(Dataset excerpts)
● ● ● ●
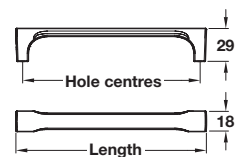

COLIBRI

COLIBRI pull handle

- > 2x M4 x 25 mm handle screws
- > Zinc alloy
- > Order qty: 1 pc

Length	Hole centres	Polished chrome	Stainless steel effect
170 mm	160 mm		
330 mm	320 mm		
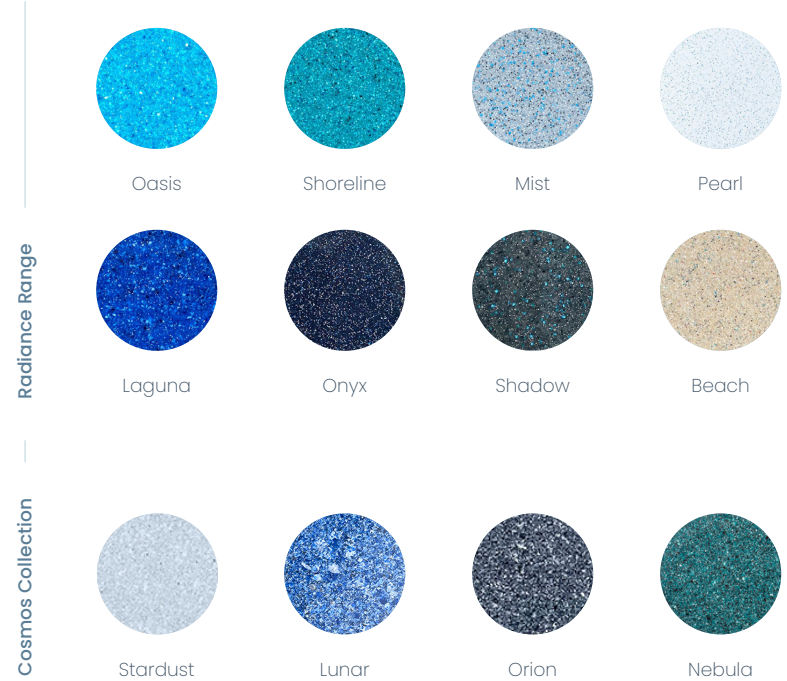

Colour Range

Featuring industry leading colour technology from allnex, Nexus Pools' colour selection will set the tone in capturing memories and enhancing special life moments.

Connect With Us

To learn more about the Nexus Pools range, contact your authorised dealership today!
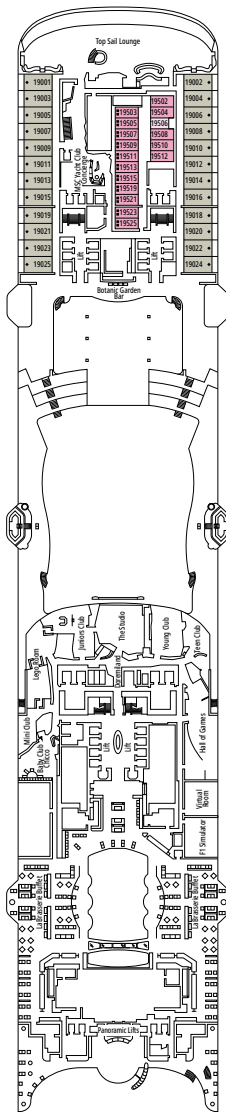

WORLD GALLERIA

MSC LUNA PARK ARENA

DECK 4
OSLO

DECK 5
BERLIN

DECK 6
ROME

DECK 7
LONDON

DECK 8
MADRID

LA FOGLIA RESTAURANT

RAJ POLO TEA HOUSE

DECK 9
DUBLIN

DECK 10
VIENNA

DECK 11
STOCKHOLM

DECK 12
COPENHAGEN

DECK 14
PRAGUE

DECK 15
BRUSSELS

BOTANIC GARDEN POOL

MSC YACHT CLUB RESTAURANT

DECK 16
BERN

DECK 18
ATHENS

DECK 19
PARIS

DECK 20
LISBON

DECK 21
VALLETTA

DECK 22
AMSTERDAM
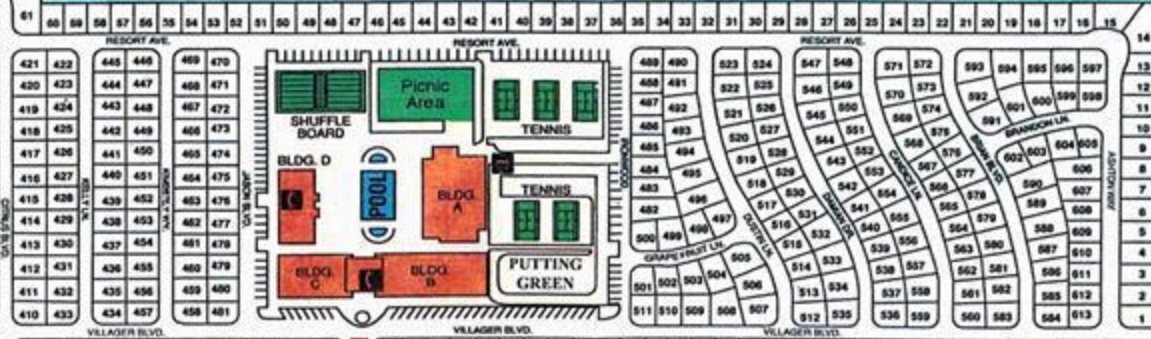

CITRUS COMPLEX (Enlarged)

MAIN STREET ENTRANCE

Greenfield Village Resort

111 S. GREENFIELD RD., MESA, ARIZONA 85206

www.greenfieldvillage.com

GPS: 99 S. Quinn Circle

480.832.6400

VENTURE IN REALTY

Sales & Rentals • On-Site

480-830-1230

www.greenfieldvillage.com

GREENFIELD RD.

48th STREET
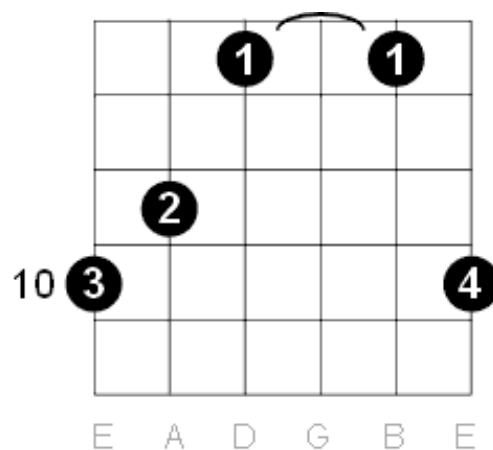

D Major Guitar Shapes

Scale intervals: 1 - 3 - 5

Notes in the chord: D - F# - A

Various names: D D Major Dmaj

X X O
● ● ● ●
• [About this exercise]
Please output each line above exactly and omit all images.

• [Your response]
COLIBRI

COLIBRI pull handle

- > 2x M4 x 25 mm handle screws
- > Zinc alloy
- > Order qty: 1 pc

Length	Hole centres	Polished chrome	Stainless steel effect
170 mm	160 mm		
330 mm	320 mm		

Colour Range

Featuring industry leading colour technology from allnex, Nexus Pools' colour selection will set the tone in capturing memories and enhancing special life moments.

Connect With Us

To learn more about the Nexus Pools range, contact your authorised dealership today!

WORLD GALLERIA

MSC LUNA PARK ARENA

DECK 4
OSLO

DECK 5
BERLIN

DECK 6
ROME

DECK 7
LONDON

DECK 8
MADRID

LA FOGLIA RESTAURANT

RAJ POLO TEA HOUSE

DECK 9
DUBLIN

DECK 10
VIENNA

DECK 11
STOCKHOLM

DECK 12
COPENHAGEN

DECK 14
PRAGUE

DECK 15
BRUSSELS

BOTANIC GARDEN POOL

MSC YACHT CLUB RESTAURANT

DECK 16
BERN

DECK 18
ATHENS

DECK 19
PARIS

DECK 20
LISBON

DECK 21
VALLETTA

DECK 22
AMSTERDAM

CITRUS COMPLEX (Enlarged)

MAIN STREET ENTRANCE

Greenfield Village Resort

111 S. GREENFIELD RD., MESA, ARIZONA 85206

www.greenfieldvillage.com

GPS: 99 S. Quinn Circle

480.832.6400

VENTURE IN REALTY

Sales & Rentals • On-Site

480-830-1230

www.greenfieldvillage.com

GREENFIELD RD.

48th STREET

D Major Guitar Shapes

Scale intervals: 1 - 3 - 5

Notes in the chord: D - F# - A

Various names: D D Major Dmaj

X X O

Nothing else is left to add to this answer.